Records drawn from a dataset
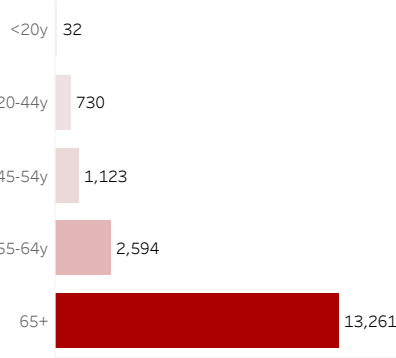

COVID-19 Deaths (total)

17,740

New COVID-19 Deaths Reported Today

-2

Hover over the icon to get more information on the data in this dashboard.

COVID-19 Deaths by County

Data will not be shown for counties with fewer than three deaths.

COVID-19 Deaths by Date of Death

Recent deaths may not be reported yet. Cases missing the date of death are excluded from the graph above, but are included in all other numbers.

COVID-19 Deaths by Gender

COVID-19 Deaths by Age Group

COVID-19 Deaths by Race/Ethnicity

Date Updated: 6/11/2021
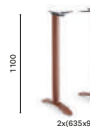

4784

Poseur table base, cast-iron base

COLUMN 2x Ø 76
TOP MAX 1200x700

FINISHES / FINITURE

stainless steel column

colonna in acciaio inox

AC
Brushed
SatinatoLU
Polished
LucidatoCR
Chromed
Cromato

steel column

▶ [WHAT TO DO]: Leaving pictures aside, give again word for word each line from the one with "COVID-19 Deaths by County" to the final line of the entries.

▶ [REPLY]:
COVID-19 Deaths by County

Data will not be shown for counties with fewer than three deaths.

COVID-19 Deaths by Date of Death

Recent deaths may not be reported yet. Cases missing the date of death are excluded from the graph above, but are included in all other numbers.

COVID-19 Deaths by Gender

COVID-19 Deaths by Age Group

COVID-19 Deaths by Race/Ethnicity

Date Updated: 6/11/2021

4784

Poseur table base, cast-iron base

COLUMN 2x Ø 76
TOP MAX 1200x700

FINISHES / FINITURE

stainless steel column

colonna in acciaio inox

AC
Brushed
SatinatoLU
Polished
LucidatoCR
Chromed
Cromato

steel column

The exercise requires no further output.